(Records from a data source)
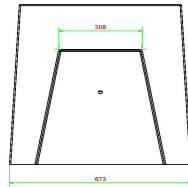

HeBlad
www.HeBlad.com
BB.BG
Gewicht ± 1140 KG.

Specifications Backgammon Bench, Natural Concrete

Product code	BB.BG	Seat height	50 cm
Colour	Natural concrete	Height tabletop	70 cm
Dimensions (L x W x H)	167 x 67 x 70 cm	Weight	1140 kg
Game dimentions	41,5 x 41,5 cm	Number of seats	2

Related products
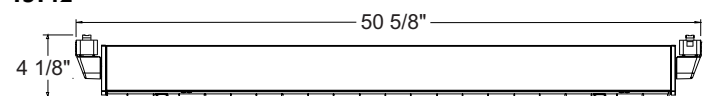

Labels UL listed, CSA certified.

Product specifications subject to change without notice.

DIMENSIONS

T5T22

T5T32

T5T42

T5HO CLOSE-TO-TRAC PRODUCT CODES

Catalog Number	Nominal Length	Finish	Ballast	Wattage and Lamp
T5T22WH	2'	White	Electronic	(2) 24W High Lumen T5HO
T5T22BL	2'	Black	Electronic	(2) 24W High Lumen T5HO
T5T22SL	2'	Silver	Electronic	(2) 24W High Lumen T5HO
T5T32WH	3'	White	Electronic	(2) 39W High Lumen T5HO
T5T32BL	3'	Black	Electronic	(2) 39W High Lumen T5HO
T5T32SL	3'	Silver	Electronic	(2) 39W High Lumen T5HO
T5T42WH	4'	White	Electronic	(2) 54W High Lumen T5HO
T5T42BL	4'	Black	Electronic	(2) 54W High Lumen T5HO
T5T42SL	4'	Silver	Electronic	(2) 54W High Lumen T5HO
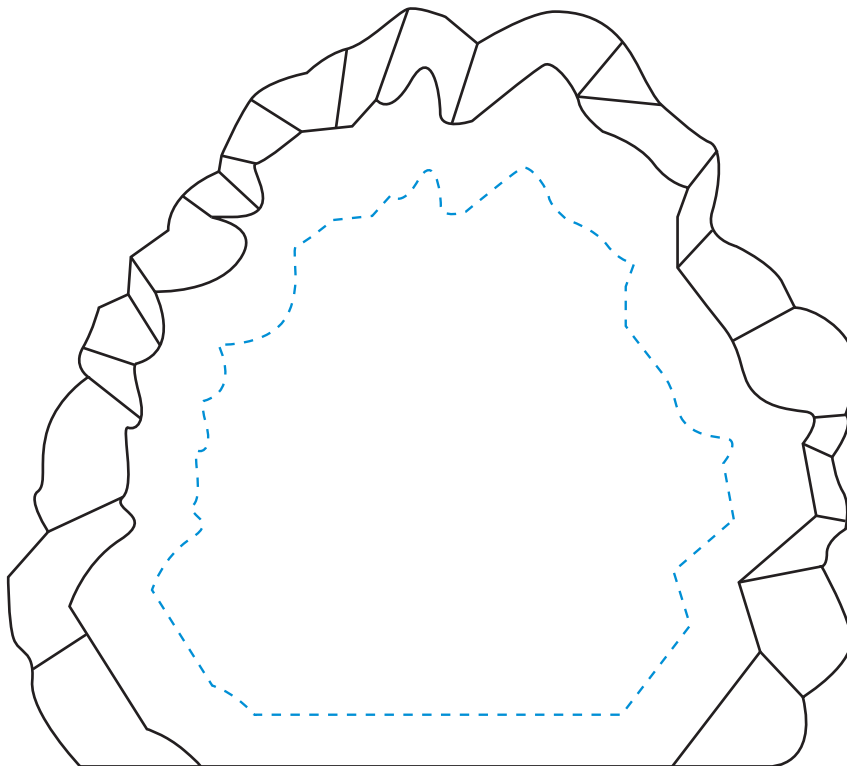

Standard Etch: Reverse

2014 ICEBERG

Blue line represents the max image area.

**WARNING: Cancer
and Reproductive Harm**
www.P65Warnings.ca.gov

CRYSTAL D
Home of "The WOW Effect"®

--

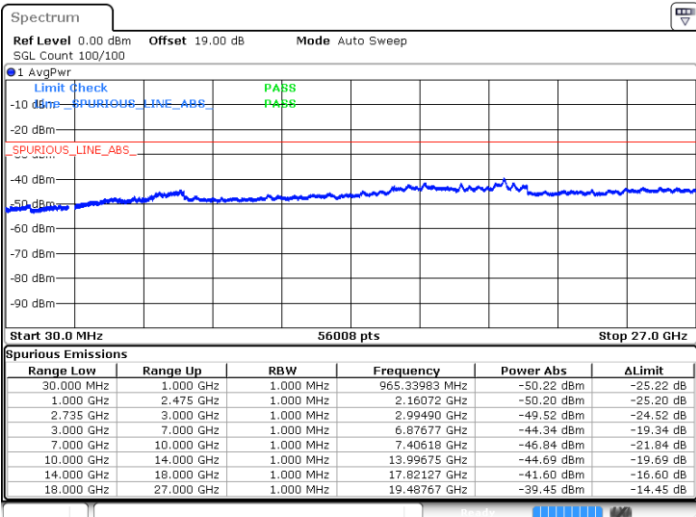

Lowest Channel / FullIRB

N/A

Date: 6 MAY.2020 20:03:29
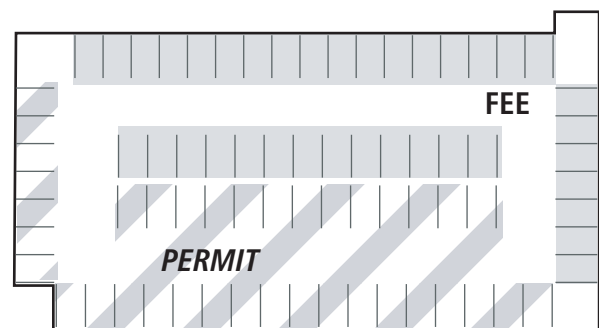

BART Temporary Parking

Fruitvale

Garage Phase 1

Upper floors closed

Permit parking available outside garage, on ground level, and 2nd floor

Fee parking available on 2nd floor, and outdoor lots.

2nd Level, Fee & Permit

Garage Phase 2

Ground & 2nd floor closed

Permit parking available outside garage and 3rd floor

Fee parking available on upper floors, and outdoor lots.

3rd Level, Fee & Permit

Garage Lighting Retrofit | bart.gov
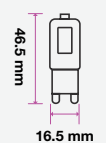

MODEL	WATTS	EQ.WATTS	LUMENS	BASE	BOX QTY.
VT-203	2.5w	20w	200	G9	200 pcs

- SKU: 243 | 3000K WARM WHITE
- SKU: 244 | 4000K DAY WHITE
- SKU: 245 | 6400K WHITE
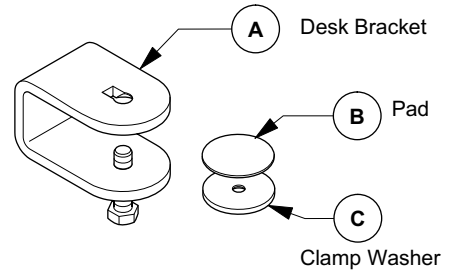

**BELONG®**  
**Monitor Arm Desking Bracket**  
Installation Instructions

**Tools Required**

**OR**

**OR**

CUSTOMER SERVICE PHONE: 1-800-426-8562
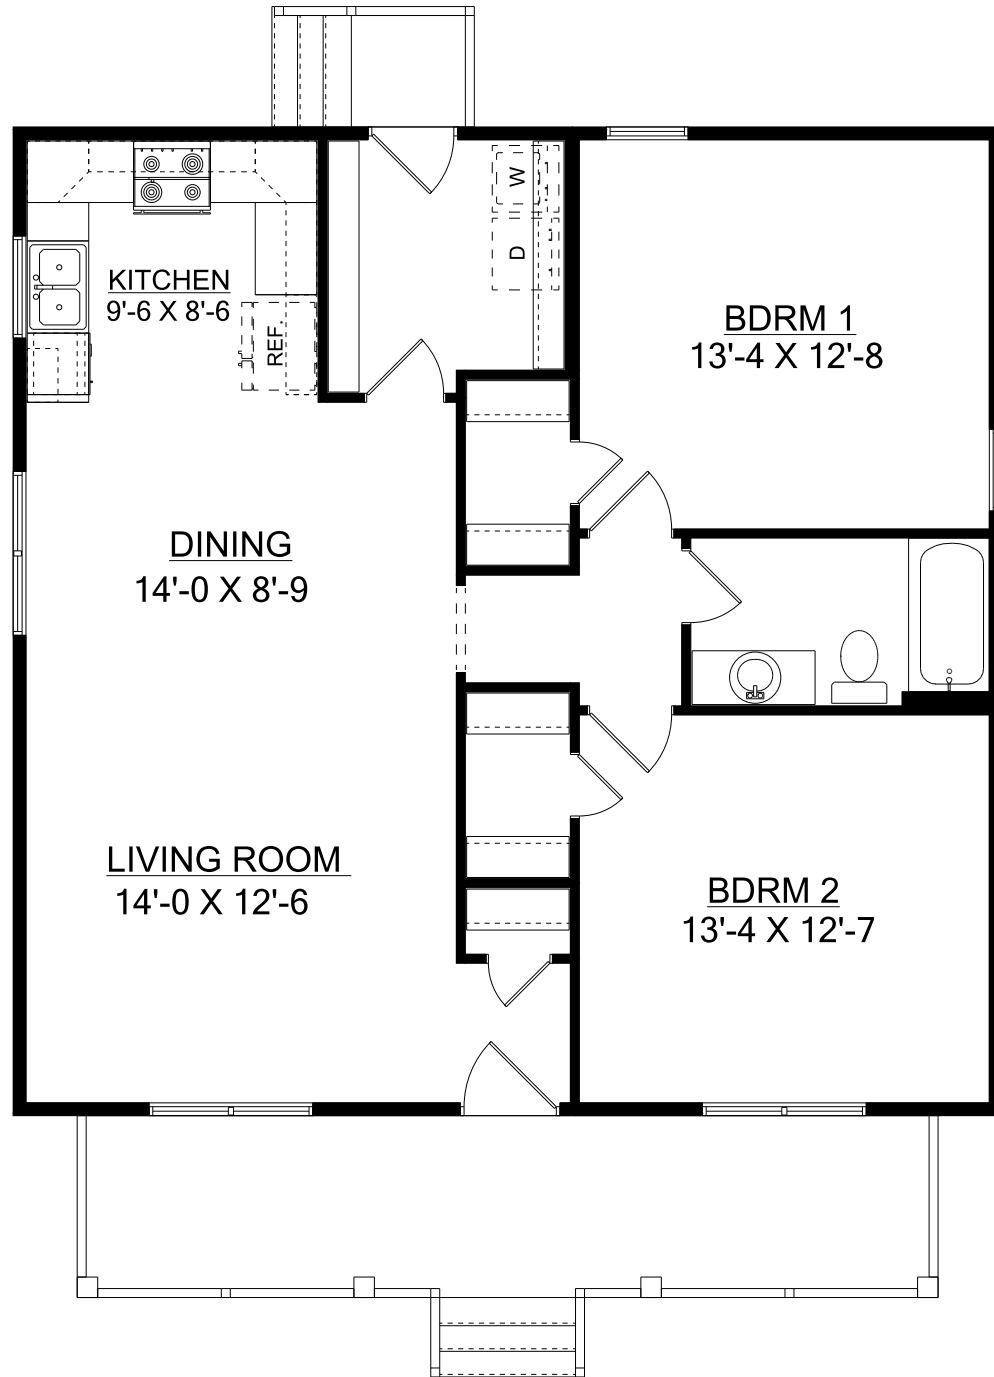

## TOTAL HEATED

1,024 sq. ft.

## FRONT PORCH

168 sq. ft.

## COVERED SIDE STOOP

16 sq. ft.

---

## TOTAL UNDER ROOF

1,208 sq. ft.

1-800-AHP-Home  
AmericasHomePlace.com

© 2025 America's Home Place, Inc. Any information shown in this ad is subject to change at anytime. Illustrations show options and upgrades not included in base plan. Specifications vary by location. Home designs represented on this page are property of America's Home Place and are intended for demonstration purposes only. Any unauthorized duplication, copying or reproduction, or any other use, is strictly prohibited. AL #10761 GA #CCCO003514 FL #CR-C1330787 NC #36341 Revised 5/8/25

◆ ASSIGNMENT ◆
Only the lines above starting at the one containing "## COVERED SIDE STOOP" and ending at the one containing "#36341 Revised 5/8/25", both included, are to be returned, exactly as they read.

◆ SOLUTION BELOW ◆
## COVERED SIDE STOOP

16 sq. ft.

---

## TOTAL UNDER ROOF

1,208 sq. ft.

1-800-AHP-Home  
AmericasHomePlace.com

© 2025 America's Home Place, Inc. Any information shown in this ad is subject to change at anytime. Illustrations show options and upgrades not included in base plan. Specifications vary by location. Home designs represented on this page are property of America's Home Place and are intended for demonstration purposes only. Any unauthorized duplication, copying or reproduction, or any other use, is strictly prohibited. AL #10761 GA #CCCO003514 FL #CR-C1330787 NC #36341 Revised 5/8/25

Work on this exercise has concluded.